§ **WORK TASK**:
The records that follow are to be printed exactly, with no images.

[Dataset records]

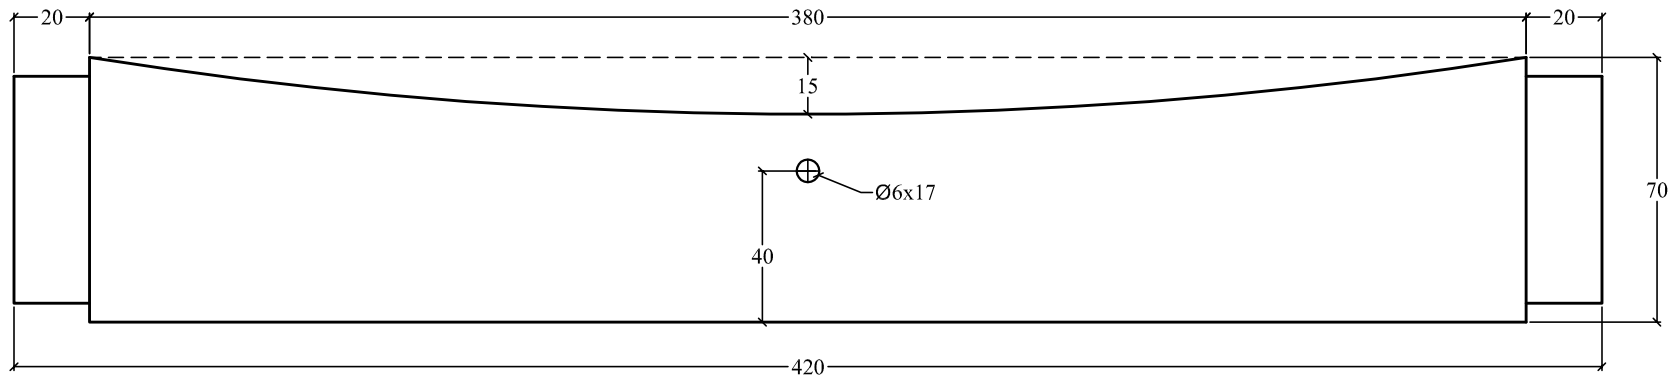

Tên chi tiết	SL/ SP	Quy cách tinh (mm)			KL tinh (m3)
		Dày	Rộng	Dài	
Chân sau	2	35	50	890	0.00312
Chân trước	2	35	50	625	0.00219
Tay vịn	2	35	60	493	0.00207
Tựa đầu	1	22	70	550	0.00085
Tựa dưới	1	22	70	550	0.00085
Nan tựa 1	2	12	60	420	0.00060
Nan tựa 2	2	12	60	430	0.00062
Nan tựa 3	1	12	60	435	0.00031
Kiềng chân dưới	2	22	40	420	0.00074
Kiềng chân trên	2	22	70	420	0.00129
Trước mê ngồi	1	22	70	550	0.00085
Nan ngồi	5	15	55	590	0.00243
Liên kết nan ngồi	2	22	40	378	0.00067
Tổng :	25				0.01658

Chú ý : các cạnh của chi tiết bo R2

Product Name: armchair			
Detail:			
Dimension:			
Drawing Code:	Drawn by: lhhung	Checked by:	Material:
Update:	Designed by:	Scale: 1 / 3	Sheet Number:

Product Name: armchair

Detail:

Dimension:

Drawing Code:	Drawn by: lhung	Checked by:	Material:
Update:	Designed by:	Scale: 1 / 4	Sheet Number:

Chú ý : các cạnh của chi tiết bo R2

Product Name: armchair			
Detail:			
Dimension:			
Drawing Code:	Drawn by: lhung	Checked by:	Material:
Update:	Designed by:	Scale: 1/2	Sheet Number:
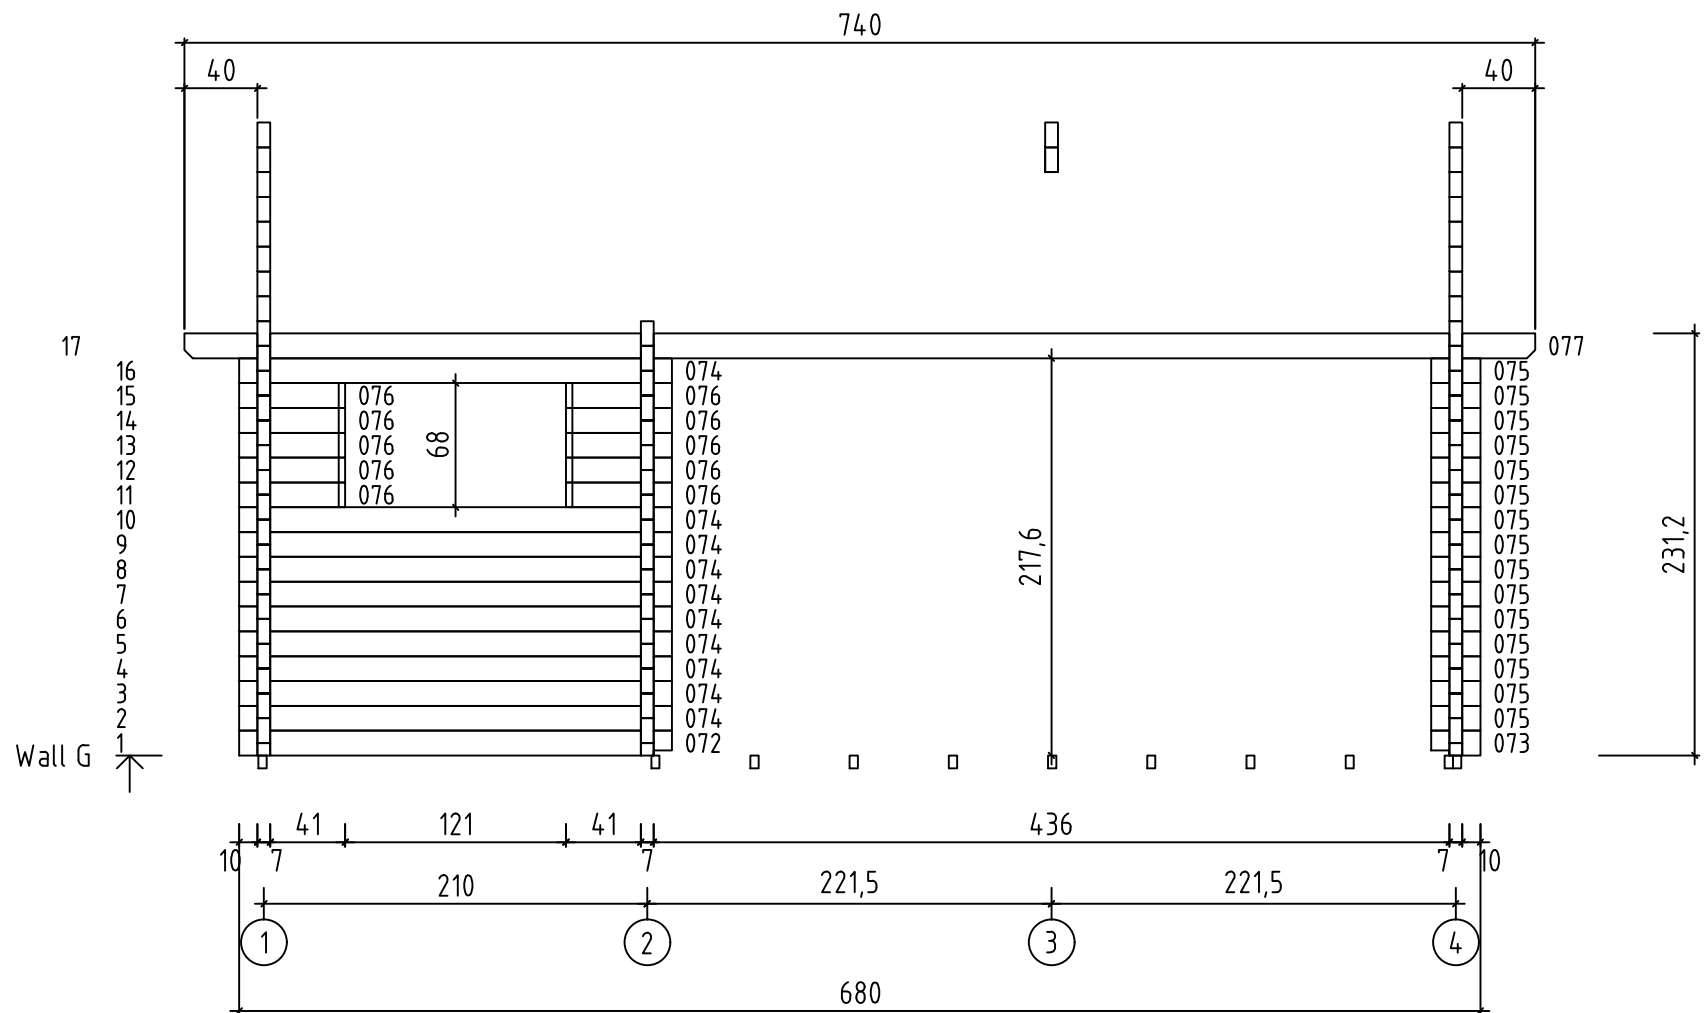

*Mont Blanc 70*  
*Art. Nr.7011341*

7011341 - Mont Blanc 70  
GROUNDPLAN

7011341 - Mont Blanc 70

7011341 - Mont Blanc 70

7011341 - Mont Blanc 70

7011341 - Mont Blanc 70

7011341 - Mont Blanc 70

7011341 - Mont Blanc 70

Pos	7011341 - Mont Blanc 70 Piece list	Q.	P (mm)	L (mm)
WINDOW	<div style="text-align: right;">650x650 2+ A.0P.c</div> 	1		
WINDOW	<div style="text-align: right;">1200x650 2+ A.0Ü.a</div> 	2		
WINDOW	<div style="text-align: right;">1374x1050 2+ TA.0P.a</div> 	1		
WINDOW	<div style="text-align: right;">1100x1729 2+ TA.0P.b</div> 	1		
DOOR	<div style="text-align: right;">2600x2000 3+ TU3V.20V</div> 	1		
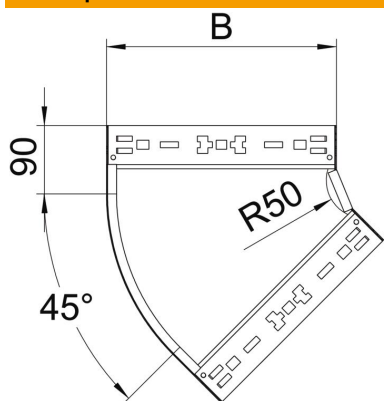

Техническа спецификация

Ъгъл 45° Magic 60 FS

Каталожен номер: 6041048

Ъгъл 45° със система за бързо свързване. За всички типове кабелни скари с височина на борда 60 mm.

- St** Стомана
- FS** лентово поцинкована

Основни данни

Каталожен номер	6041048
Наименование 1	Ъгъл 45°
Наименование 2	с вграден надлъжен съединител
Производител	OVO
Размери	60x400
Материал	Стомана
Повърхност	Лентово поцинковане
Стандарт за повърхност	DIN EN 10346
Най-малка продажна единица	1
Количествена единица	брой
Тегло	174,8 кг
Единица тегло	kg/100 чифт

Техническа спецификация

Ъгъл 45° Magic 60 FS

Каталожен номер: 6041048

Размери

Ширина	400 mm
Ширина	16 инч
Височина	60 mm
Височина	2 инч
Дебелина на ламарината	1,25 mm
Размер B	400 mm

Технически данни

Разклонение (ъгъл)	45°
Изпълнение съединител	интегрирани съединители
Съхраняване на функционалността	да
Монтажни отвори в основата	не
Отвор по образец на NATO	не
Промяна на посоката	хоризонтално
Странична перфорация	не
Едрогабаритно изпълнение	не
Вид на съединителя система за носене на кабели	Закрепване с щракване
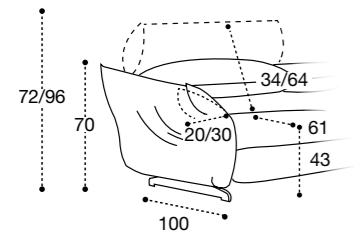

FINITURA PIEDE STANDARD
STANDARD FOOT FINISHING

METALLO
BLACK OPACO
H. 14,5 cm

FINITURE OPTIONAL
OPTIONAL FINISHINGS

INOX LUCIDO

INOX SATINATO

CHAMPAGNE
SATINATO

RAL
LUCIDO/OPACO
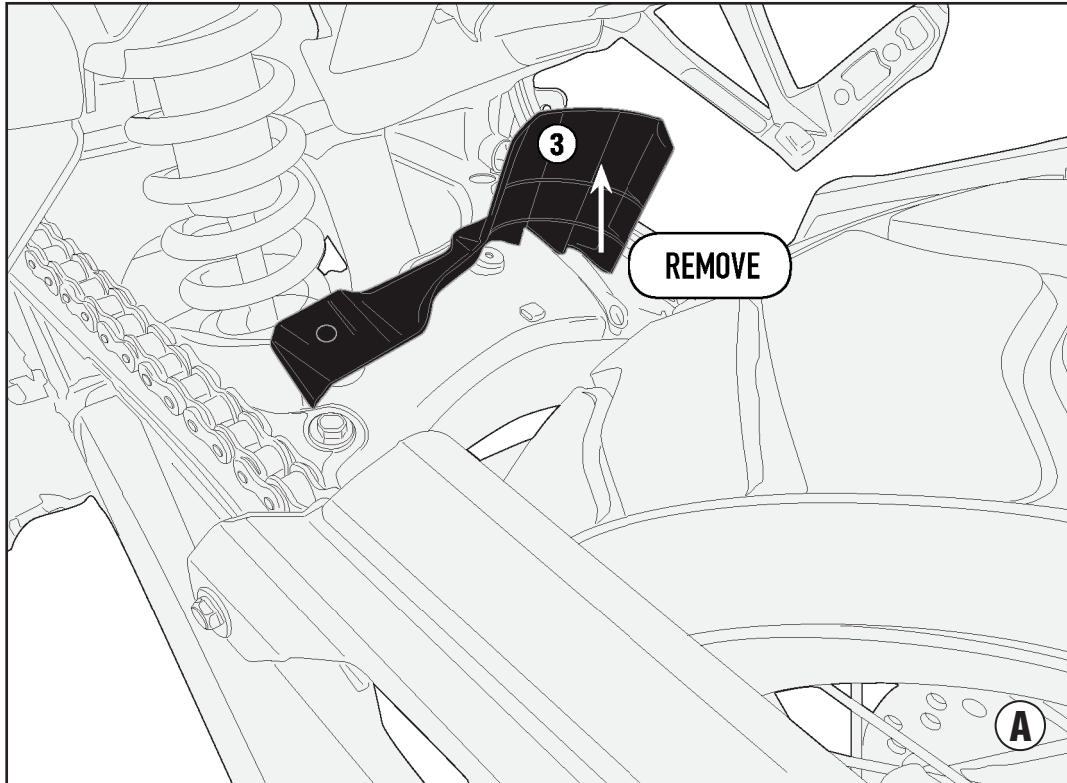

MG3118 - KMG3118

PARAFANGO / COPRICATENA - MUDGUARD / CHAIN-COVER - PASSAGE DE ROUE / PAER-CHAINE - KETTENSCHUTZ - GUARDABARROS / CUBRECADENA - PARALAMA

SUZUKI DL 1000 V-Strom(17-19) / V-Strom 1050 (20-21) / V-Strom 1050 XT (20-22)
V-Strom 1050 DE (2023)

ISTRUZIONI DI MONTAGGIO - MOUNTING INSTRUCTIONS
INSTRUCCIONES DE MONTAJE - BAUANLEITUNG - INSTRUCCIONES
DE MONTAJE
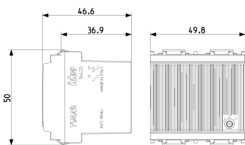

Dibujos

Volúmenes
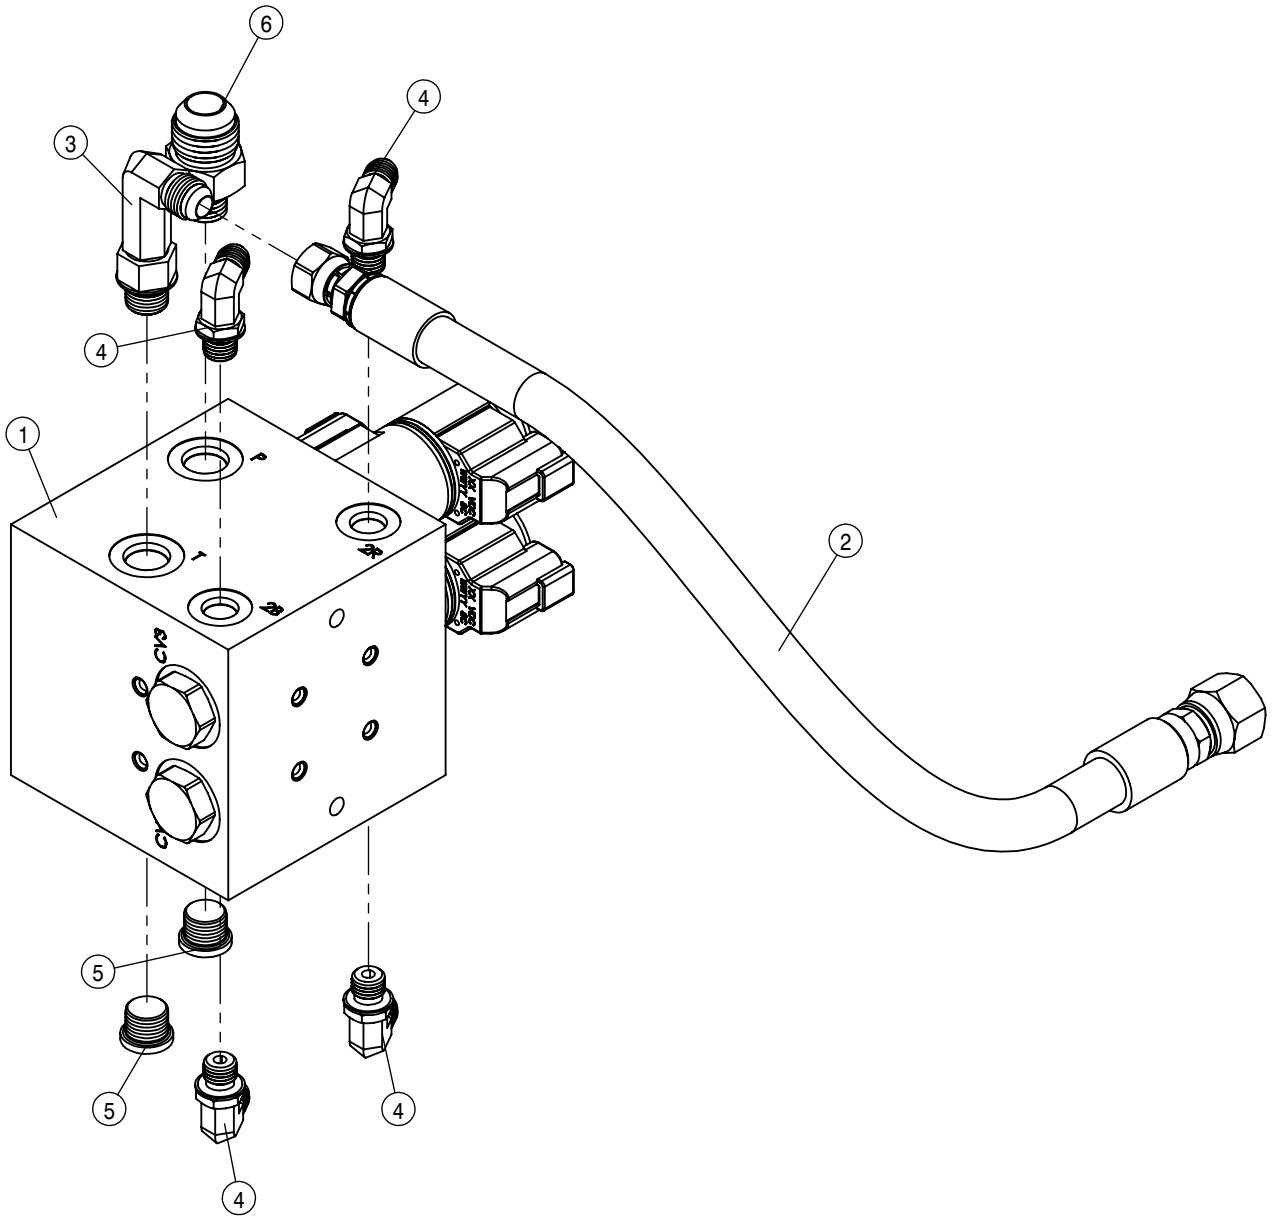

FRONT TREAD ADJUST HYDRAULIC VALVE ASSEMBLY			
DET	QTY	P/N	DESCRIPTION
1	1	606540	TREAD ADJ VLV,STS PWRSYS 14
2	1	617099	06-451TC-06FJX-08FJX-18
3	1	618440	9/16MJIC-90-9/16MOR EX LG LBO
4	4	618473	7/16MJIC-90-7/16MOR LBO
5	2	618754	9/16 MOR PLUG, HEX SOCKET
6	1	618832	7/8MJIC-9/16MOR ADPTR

§ **SOLUTION FOR THIS EXERCISE**:
Tên chi tiết	SL/ SP	Quy cách tinh (mm)			KL tinh (m3)
		Dày	Rộng	Dài	
Chân sau	2	35	50	890	0.00312
Chân trước	2	35	50	625	0.00219
Tay vịn	2	35	60	493	0.00207
Tựa đầu	1	22	70	550	0.00085
Tựa dưới	1	22	70	550	0.00085
Nan tựa 1	2	12	60	420	0.00060
Nan tựa 2	2	12	60	430	0.00062
Nan tựa 3	1	12	60	435	0.00031
Kiềng chân dưới	2	22	40	420	0.00074
Kiềng chân trên	2	22	70	420	0.00129
Trước mê ngồi	1	22	70	550	0.00085
Nan ngồi	5	15	55	590	0.00243
Liên kết nan ngồi	2	22	40	378	0.00067
Tổng :	25				0.01658

Chú ý : các cạnh của chi tiết bo R2

Product Name: armchair			
Detail:			
Dimension:			
Drawing Code:	Drawn by: lhhung	Checked by:	Material:
Update:	Designed by:	Scale: 1 / 3	Sheet Number:

Product Name: armchair

Detail:

Dimension:

Drawing Code:	Drawn by: lhung	Checked by:	Material:
Update:	Designed by:	Scale: 1 / 4	Sheet Number:

Chú ý : các cạnh của chi tiết bo R2

Product Name: armchair			
Detail:			
Dimension:			
Drawing Code:	Drawn by: lhung	Checked by:	Material:
Update:	Designed by:	Scale: 1/2	Sheet Number:

*Mont Blanc 70*  
*Art. Nr.7011341*

7011341 - Mont Blanc 70  
GROUNDPLAN

7011341 - Mont Blanc 70

7011341 - Mont Blanc 70

7011341 - Mont Blanc 70

7011341 - Mont Blanc 70

7011341 - Mont Blanc 70

7011341 - Mont Blanc 70

Pos	7011341 - Mont Blanc 70 Piece list	Q.	P (mm)	L (mm)
WINDOW	<div style="text-align: right;">650x650 2+ A.0P.c</div> 	1		
WINDOW	<div style="text-align: right;">1200x650 2+ A.0Ü.a</div> 	2		
WINDOW	<div style="text-align: right;">1374x1050 2+ TA.0P.a</div> 	1		
WINDOW	<div style="text-align: right;">1100x1729 2+ TA.0P.b</div> 	1		
DOOR	<div style="text-align: right;">2600x2000 3+ TU3V.20V</div> 	1		

Техническа спецификация

Ъгъл 45° Magic 60 FS

Каталожен номер: 6041048

Ъгъл 45° със система за бързо свързване. За всички типове кабелни скари с височина на борда 60 mm.

- St** Стомана
- FS** лентово поцинкована

Основни данни

Каталожен номер	6041048
Наименование 1	Ъгъл 45°
Наименование 2	с вграден надлъжен съединител
Производител	OVO
Размери	60x400
Материал	Стомана
Повърхност	Лентово поцинковане
Стандарт за повърхност	DIN EN 10346
Най-малка продажна единица	1
Количествена единица	брой
Тегло	174,8 кг
Единица тегло	kg/100 чифт

Техническа спецификация

Ъгъл 45° Magic 60 FS

Каталожен номер: 6041048

Размери

Ширина	400 mm
Ширина	16 инч
Височина	60 mm
Височина	2 инч
Дебелина на ламарината	1,25 mm
Размер B	400 mm

Технически данни

Разклонение (ъгъл)	45°
Изпълнение съединител	интегрирани съединители
Съхраняване на функционалността	да
Монтажни отвори в основата	не
Отвор по образец на NATO	не
Промяна на посоката	хоризонтално
Странична перфорация	не
Едрогабаритно изпълнение	не
Вид на съединителя система за носене на кабели	Закрепване с щракване

FINITURA PIEDE STANDARD
STANDARD FOOT FINISHING

METALLO
BLACK OPACO
H. 14,5 cm

FINITURE OPTIONAL
OPTIONAL FINISHINGS

INOX LUCIDO

INOX SATINATO

CHAMPAGNE
SATINATO

RAL
LUCIDO/OPACO

MG3118 - KMG3118

PARAFANGO / COPRICATENA - MUDGUARD / CHAIN-COVER - PASSAGE DE ROUE / PAER-CHAINE - KETTENSCHUTZ - GUARDABARROS / CUBRECADENA - PARALAMA

SUZUKI DL 1000 V-Strom(17-19) / V-Strom 1050 (20-21) / V-Strom 1050 XT (20-22)
V-Strom 1050 DE (2023)

ISTRUZIONI DI MONTAGGIO - MOUNTING INSTRUCTIONS
INSTRUCCIONES DE MONTAJE - BAUANLEITUNG - INSTRUCCIONES
DE MONTAJE

Dibujos

Volúmenes

FRONT TREAD ADJUST HYDRAULIC VALVE ASSEMBLY			
DET	QTY	P/N	DESCRIPTION
1	1	606540	TREAD ADJ VLV,STS PWRSYS 14
2	1	617099	06-451TC-06FJX-08FJX-18
3	1	618440	9/16MJIC-90-9/16MOR EX LG LBO
4	4	618473	7/16MJIC-90-7/16MOR LBO
5	2	618754	9/16 MOR PLUG, HEX SOCKET
6	1	618832	7/8MJIC-9/16MOR ADPTR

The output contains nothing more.